• [Task inputs]:
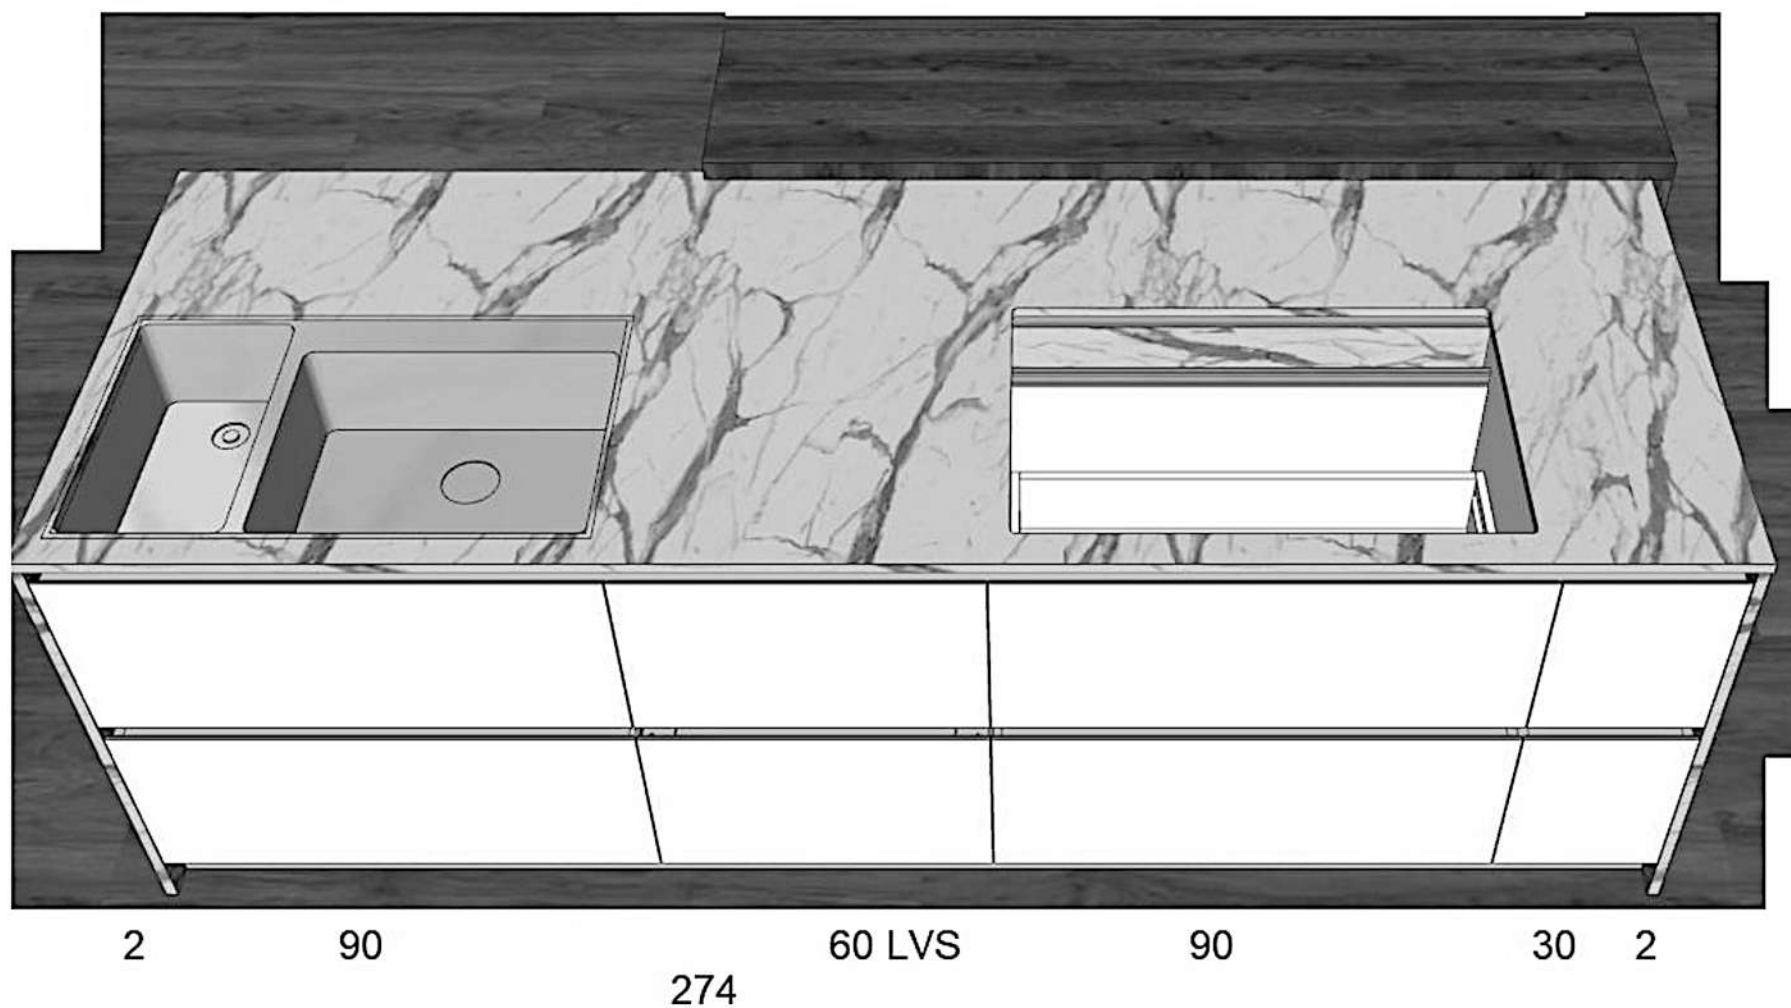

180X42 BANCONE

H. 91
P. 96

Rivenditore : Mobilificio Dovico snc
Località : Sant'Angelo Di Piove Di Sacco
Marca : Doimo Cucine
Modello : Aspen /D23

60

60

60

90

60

• [Brief]:
Would you give again, word for word, every line from the one with "Località : Sant'Angelo Di Piove Di Sacco" through the final line of the listing above?

• [Task response]:
Località : Sant'Angelo Di Piove Di Sacco
Marca : Doimo Cucine
Modello : Aspen /D23

60

60

60

90

60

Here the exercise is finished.